(Records from a data source)
----------------------------------------

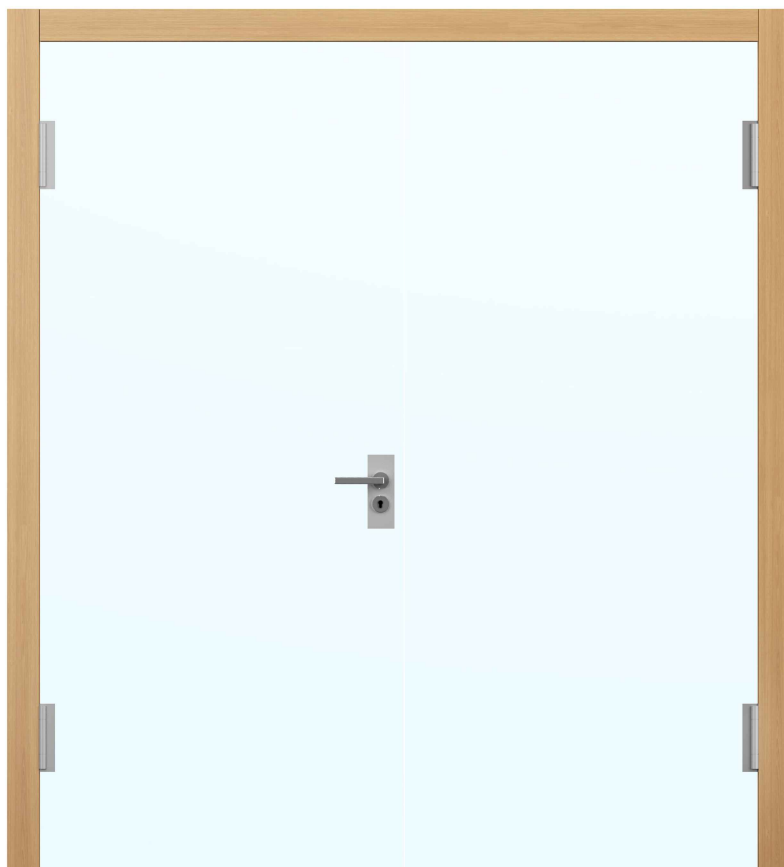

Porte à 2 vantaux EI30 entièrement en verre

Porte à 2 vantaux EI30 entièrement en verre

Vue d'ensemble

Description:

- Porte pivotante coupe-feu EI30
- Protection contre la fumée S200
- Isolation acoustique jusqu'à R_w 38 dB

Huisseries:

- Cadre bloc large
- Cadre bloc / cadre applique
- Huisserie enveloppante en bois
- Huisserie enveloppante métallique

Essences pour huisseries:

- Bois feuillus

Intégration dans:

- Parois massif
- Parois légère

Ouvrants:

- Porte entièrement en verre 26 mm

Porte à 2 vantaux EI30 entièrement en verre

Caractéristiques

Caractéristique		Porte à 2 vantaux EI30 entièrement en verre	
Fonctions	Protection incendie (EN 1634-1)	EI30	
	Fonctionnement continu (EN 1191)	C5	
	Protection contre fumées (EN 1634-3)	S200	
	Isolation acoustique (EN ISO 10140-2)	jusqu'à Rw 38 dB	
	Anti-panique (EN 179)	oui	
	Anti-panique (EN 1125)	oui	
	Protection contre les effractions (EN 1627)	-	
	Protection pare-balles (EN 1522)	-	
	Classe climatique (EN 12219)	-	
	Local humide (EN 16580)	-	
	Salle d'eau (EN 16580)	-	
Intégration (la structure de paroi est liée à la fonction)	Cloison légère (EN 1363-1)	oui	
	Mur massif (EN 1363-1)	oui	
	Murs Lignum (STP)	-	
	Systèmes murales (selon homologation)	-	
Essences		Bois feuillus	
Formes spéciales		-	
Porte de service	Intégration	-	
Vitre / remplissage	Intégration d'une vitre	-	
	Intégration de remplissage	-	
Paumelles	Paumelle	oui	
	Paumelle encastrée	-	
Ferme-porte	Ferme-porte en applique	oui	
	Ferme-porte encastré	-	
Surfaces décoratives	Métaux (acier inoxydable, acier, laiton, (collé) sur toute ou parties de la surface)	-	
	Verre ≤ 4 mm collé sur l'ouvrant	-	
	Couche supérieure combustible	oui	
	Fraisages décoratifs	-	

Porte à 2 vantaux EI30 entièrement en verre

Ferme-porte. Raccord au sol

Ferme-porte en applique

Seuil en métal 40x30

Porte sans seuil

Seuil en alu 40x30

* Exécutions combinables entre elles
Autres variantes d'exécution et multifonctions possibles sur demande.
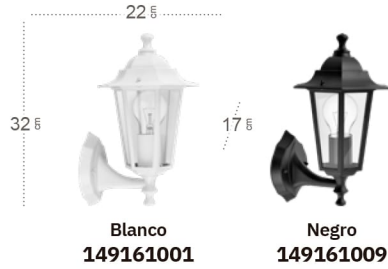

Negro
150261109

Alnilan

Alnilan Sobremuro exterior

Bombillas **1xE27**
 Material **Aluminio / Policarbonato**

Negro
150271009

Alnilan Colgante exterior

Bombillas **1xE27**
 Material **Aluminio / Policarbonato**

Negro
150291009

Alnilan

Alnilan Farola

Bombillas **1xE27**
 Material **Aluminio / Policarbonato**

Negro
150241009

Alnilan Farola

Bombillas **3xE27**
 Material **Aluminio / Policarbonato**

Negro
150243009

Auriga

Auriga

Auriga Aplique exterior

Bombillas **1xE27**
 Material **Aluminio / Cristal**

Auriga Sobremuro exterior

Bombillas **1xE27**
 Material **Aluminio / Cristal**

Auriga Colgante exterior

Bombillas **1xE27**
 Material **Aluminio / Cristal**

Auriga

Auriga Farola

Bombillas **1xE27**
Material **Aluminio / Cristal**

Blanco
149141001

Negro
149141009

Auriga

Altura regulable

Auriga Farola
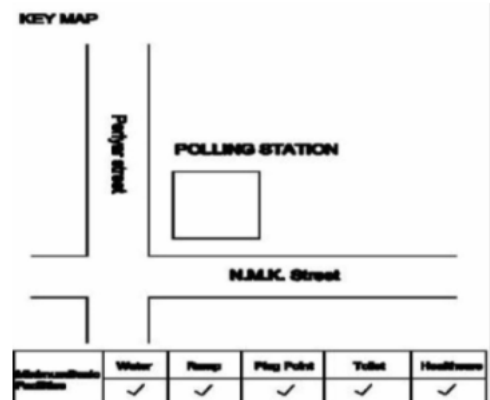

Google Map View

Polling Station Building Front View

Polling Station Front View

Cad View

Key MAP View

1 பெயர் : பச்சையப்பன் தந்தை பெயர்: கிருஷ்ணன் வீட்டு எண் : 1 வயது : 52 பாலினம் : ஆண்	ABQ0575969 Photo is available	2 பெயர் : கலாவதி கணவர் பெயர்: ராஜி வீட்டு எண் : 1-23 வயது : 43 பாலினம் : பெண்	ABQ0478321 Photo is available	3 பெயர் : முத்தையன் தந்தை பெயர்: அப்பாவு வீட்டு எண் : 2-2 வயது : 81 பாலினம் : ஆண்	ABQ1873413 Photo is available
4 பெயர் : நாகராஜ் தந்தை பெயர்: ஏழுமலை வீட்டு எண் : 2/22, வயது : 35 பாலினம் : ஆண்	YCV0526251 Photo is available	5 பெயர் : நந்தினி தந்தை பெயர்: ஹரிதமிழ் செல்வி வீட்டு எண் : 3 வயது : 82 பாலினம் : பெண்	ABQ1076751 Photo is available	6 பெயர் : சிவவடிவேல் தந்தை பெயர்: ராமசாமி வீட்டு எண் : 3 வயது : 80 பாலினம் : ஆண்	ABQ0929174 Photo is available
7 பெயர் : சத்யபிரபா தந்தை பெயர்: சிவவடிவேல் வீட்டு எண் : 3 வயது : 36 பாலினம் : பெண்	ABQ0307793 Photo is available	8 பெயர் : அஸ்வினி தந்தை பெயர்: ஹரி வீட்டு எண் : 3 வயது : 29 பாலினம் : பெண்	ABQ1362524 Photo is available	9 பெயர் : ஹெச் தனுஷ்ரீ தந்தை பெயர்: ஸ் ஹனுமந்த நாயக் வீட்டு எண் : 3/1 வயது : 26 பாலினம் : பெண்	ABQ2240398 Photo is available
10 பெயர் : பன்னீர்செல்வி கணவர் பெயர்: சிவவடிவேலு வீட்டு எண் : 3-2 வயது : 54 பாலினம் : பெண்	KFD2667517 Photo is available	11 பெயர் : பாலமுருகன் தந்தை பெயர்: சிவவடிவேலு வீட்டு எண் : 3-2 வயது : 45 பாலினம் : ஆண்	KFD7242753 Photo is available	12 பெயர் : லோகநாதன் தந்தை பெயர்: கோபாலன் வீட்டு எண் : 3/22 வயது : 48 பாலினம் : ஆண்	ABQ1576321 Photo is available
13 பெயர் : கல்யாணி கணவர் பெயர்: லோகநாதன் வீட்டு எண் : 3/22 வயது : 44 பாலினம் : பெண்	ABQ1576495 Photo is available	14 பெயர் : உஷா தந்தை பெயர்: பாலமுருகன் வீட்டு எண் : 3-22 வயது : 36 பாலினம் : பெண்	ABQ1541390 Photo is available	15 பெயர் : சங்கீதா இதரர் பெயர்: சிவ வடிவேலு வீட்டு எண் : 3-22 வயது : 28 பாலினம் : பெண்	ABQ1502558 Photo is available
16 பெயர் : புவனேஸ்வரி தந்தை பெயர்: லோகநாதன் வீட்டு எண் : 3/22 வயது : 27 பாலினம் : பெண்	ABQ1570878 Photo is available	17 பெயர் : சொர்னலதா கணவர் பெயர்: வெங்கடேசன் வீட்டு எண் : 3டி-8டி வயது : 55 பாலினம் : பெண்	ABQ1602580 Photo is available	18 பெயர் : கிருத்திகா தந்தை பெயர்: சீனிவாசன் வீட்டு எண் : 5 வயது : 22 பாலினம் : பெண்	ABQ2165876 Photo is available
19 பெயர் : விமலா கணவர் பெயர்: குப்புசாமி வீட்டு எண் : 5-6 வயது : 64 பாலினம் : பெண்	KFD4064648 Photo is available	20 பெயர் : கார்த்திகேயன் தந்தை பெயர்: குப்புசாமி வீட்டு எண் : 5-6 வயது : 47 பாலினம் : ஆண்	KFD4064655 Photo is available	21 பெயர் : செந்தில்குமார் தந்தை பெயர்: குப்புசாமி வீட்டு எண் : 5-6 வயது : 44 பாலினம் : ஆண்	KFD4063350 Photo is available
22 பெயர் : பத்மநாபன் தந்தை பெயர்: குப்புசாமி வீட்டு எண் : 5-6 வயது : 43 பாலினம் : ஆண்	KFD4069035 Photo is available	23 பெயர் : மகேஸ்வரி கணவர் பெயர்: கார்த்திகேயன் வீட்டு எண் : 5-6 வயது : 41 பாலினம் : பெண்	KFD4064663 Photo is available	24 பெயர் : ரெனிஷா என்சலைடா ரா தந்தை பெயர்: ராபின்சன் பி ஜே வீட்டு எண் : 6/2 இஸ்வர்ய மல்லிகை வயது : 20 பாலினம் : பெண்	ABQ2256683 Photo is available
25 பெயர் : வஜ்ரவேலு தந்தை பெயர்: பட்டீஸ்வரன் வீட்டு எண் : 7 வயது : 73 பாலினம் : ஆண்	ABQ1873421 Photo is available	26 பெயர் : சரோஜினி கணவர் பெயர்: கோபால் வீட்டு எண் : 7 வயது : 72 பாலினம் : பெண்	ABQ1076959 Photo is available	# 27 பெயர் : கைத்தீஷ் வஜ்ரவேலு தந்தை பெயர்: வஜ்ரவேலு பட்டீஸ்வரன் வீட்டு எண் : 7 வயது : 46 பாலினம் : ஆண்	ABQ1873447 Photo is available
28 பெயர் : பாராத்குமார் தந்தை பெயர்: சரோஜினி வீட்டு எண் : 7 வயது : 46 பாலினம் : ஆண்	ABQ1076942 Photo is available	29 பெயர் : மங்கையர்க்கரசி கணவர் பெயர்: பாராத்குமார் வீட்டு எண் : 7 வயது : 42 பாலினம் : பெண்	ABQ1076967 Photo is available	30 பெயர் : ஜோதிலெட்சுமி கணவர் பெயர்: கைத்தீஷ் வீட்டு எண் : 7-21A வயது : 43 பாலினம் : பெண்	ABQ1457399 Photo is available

----------------------------------------

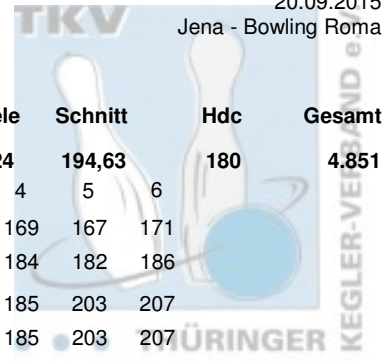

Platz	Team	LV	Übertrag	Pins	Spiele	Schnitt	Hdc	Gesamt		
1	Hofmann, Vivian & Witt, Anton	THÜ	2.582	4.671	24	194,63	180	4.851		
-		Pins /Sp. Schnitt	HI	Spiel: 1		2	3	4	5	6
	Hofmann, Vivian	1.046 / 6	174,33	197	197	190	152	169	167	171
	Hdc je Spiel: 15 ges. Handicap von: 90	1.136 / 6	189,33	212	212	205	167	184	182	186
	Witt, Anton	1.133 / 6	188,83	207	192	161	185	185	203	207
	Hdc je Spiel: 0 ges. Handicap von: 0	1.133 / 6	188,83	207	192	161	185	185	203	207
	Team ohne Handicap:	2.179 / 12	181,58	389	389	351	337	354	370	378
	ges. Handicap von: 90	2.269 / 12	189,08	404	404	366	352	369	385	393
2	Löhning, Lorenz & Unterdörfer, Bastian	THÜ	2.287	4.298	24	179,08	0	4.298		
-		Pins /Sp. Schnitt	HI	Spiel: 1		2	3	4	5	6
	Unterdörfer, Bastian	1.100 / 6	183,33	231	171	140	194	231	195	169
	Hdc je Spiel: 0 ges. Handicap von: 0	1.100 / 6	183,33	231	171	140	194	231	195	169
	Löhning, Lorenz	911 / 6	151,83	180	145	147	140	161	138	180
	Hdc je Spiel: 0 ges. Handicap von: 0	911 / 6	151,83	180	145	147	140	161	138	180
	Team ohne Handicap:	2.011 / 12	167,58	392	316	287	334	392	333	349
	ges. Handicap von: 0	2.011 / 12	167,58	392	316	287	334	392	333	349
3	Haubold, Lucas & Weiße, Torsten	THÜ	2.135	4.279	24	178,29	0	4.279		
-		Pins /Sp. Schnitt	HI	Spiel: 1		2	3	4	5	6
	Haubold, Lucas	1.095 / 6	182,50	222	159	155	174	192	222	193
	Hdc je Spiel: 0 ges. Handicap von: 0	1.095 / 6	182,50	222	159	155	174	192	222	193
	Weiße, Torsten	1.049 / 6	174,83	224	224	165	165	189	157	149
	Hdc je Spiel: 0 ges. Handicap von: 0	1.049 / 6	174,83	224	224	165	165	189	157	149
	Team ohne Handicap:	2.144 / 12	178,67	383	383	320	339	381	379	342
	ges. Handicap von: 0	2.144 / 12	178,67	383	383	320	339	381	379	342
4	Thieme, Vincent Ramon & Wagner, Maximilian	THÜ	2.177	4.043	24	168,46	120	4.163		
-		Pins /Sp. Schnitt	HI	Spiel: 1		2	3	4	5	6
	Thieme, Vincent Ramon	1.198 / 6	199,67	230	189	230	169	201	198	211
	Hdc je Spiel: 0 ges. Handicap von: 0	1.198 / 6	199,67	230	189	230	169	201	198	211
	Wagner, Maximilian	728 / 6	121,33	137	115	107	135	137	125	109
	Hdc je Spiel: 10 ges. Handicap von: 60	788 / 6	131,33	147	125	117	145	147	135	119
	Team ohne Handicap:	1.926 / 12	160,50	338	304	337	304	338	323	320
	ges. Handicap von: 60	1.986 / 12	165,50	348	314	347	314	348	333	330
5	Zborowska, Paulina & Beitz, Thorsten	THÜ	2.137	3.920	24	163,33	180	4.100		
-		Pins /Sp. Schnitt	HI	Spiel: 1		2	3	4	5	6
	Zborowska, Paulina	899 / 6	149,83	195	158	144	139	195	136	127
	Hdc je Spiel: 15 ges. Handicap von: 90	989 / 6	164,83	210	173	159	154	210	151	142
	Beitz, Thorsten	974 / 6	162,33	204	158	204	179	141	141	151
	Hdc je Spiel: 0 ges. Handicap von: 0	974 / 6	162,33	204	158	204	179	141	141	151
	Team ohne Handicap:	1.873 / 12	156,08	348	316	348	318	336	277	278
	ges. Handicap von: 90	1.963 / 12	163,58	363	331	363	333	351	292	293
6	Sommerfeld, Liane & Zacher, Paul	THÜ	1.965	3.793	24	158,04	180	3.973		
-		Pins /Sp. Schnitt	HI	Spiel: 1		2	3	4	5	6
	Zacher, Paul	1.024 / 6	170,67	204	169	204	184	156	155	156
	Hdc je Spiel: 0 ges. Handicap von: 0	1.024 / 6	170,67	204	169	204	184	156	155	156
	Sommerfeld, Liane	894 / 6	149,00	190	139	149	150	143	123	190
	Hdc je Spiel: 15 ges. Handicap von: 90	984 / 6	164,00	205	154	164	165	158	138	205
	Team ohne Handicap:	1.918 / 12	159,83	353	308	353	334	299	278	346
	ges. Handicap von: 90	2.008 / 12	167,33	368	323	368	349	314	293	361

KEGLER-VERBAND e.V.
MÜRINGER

----------------------------------------

Return only the number of lines in the records above that include the string "Torsten".

§ Solution below
2